Suffering from Canals

【作者】 牛静岩

【导师】 赵旭东;

【作者基本信息】 中国农业大学 , 农村发展与管理, 2014, 博士

【副题名】河北与河南两村落间水纠纷的人类学研究

【摘要】 水与土都是农业社会的核心资源。由于土的固定性以及长在土里的庄稼无法移动,从事农业生产的人也被固定在土地之上,费孝通据此提出“乡土中国”的理论。而由水的流动性引发的是人与人之间的合作或者冲突,围绕水的利用可能形成一整套勾连国家与社会、历史与现在的社会文化关系。基于上述思考,本文采用人类学田野民族志的方法,对位于漳河上游流域、河北省与河南省交界的两个村落间的争水纠纷进行系统考察。文章的分析置于乡村社会的“平常—非常”这一框架下进行:在平常的日子里,西山村与东平村的人们通过通婚、市场活动以及宗教信仰生活等,形成多样的社会交往,村庄的边界隐于背后;在村落间由于争水而发生纠纷的“非常”的状态之下,村落的边界一方面向彼此闭合,一方面向国家力量开放。在此过程中,村落内部并非是同质的,政治精英的个人意愿与实践、政治精英之间以及政治精英与普通村民之间的互动都对国家力量进入乡村的方式形成影响。
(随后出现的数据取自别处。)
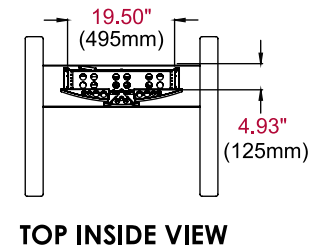

SR575E Chariot de vidéoconférence SmartMount® pour écrans plats de 32" à 75"

Spécifications du produit

	DIMENSIONS (L X H X P)	POIDS	CHARGE	FINITION	COULEURS
SR575E	35,01" x 78,10" x 29,00" (889 x 1983 x 737 mm)	74,1kg	68,2 kg - écran	Peinture en poudre texturée	Noir avec partie avant en acier inoxydable brossé

Spécifications de l'emballage

	TAILLE DE L'EMBALLAGE (L x H x P)	POIDS D'EXPÉDITION AVEC EMBALLAGE	CODE UPC DE L'EMBALLAGE	CONTENU DE L'EMBALLAGE	UNITÉS DANS L'EMBALLAGE
SR575E	46,00" x 38,00" x 24,00" (1168 x 965 x 610 mm)	80,9kg	735029305064	Base assemblée, boîtier de rangement inférieur, boîtier de rangement supérieur, plaque de raccord universelle, étagère pour caméra, (2) roulettes pivotantes (2) roulettes pivotantes verrouillables, (4) tampons de base, matériel et instructions	1

Accessoires

- **ACC310:** Accessoire du pied
- **ACC-GS1E:** Étagère en verre trempé

Toutes dimensions = **pouces** (mm)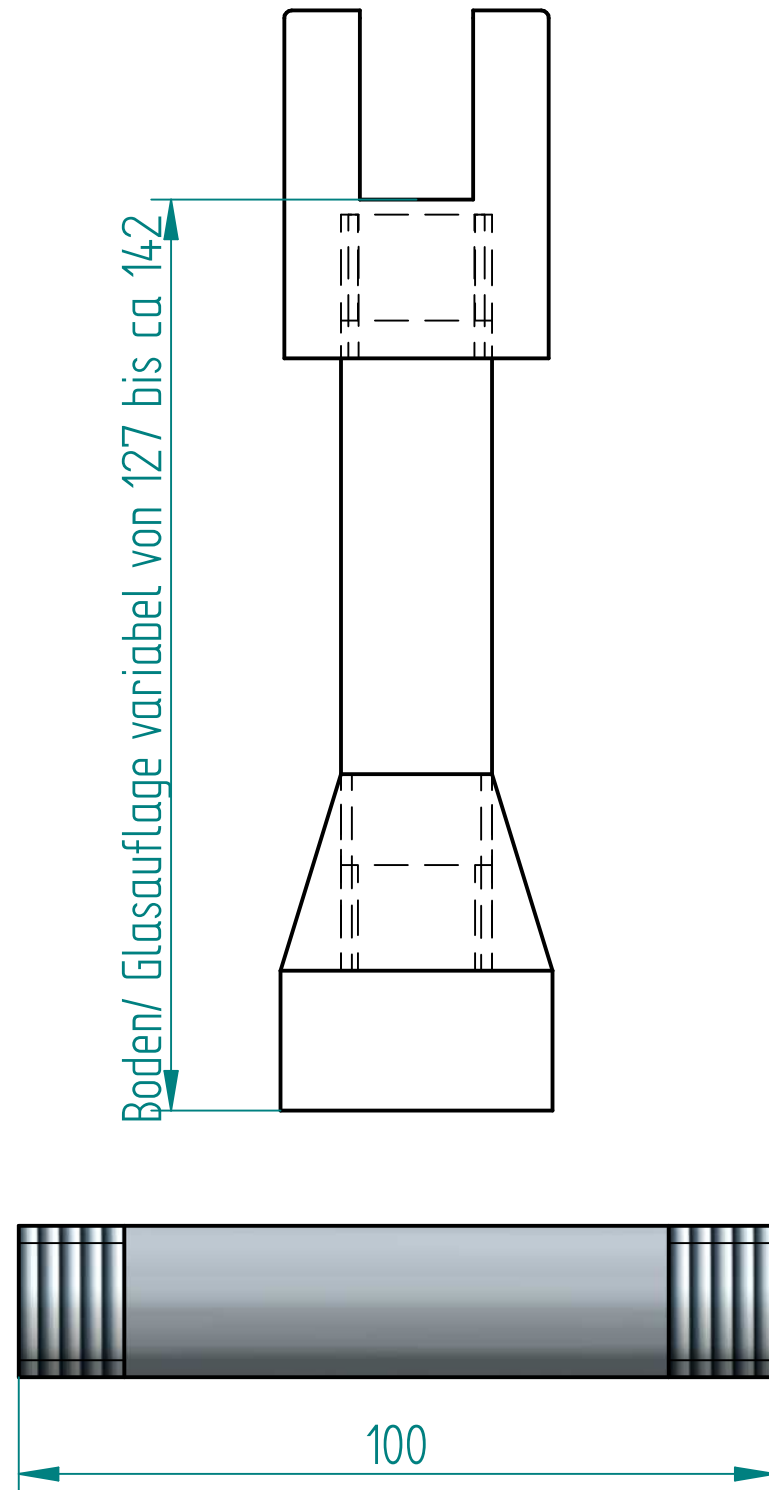

### Standard

### Variante A

### Variante B

	NAME	DATE	<b>ETG</b> BY KEVIN KREYER EDELSTAHL TRIFFT GLAS		
gezeichnet					
geprüft			Benennung: 9000A-2		
Stückzahl	1		SIZE <b>A3</b>	Bodenstütze	REV
Material	Edelstahl V2A				
Oberfläche	matt geschliffen		FILE NAME: 9000A_2.dft		
			SCALE: M 1:2	WEIGHT:

村落再次由“非常”回归到“平常”后,在非常状态下得以进入乡村的国家权力被村落政治精英以不同的方式进行转化与应对。村庄同时也面临着城镇化与现代化的冲击。文章的主要结论有:在西山村与东平村所处的漳河上游流域,在水渠尚未建设,漳河水无法用于农业灌溉之前,自然存在状态的河水并不是人们的争夺之物。在遭遇旱灾的年份,人们选择逃荒来应对这一无法依靠自身力量来解决的情况。当水被人利用,进入到人类社会之后,就具有了社会性,其中最为主要的就是围绕水的利用和开发,人与人之间会形成相应的关系。也就是在此基础上,“水利社会”的概念得以提出。西山村与东平村以及周围的村落,虽然具有“水利社会”的一些特征,却并未形成某种类型的“水利社会”:在大跃峰区和跃进渠先后建成之后,当地人的生计方式由雨养农业转变为灌溉农业,稻米被纳入到地方文化体系当中。当渠水成为稀缺资源时,两个村庄之间发生以村落为单位的械斗。但是这一地区的水利开发的历史从大跃进时期才开始,人们所信仰的水神龙王也不具有“治水”的象征意义,龙王是作为“自然之神”代表着当地人对风调雨顺的向往。最重要的是,地方性的水利管理组织体系并没有形成,区域内也不存在人们共同遵守的分水规则。两个村落之间发生的争水纠纷既不是发生在“水利社会”的范围之内促成地方性的分水秩序,也没有推动超越村落的联盟的形成,所以,两个村落之间发生的械斗并非是结构性的冲突,而是当地人为了呼唤国家力量对稀缺资源进行配置所采用的一种策略性冲突。当地人对国家力量的主动追求不等同于接受国家对于村落生活的彻底渗透,而是将国家力量作为一种能够实现自身需求、可以利用的“武器”,也就是在这个意义上,村落政治精英的个人实践对国家力量进入乡村的方式形成影响。而村落政治精英是否能够获得普通村民认可与尊敬,一个重要的判断标准是能否将国家力量“放置于”一个“合适”的位置,使其一方面能够解决村民生活遭遇的问题,一方面对村民按照自身意愿所安排的生活不形成打扰。当地水渠的修建始于大跃进时期,与国家对于乡村社会的全面治理几乎同时开始,事实上,水渠的建设本身也是国家治理的一项内容。水渠作为国家从上而下治理的产物,进入到乡村社会以后,当地并没有一套能够与之接轨的从下而上的内生秩序,不仅如此,两个村落之间长期维持的动态平衡还由于水渠所带来的影响被打破,村落之间争水纠纷频发。国家进一步对纠纷进行治理,成立专门机构对水渠的分水进行管理。但是中国社会特别是乡村社会中,与显规则(作为文本的制度)相比,真正发挥作用的往往的是“潜规则”。由于村落政治精英运用潜规则能力有所不同,他们在与分水机构进行互动时,达成的结果也有所不同,形成了新的不平衡。在此基础上,本研究提出了“治理性失衡”的概念。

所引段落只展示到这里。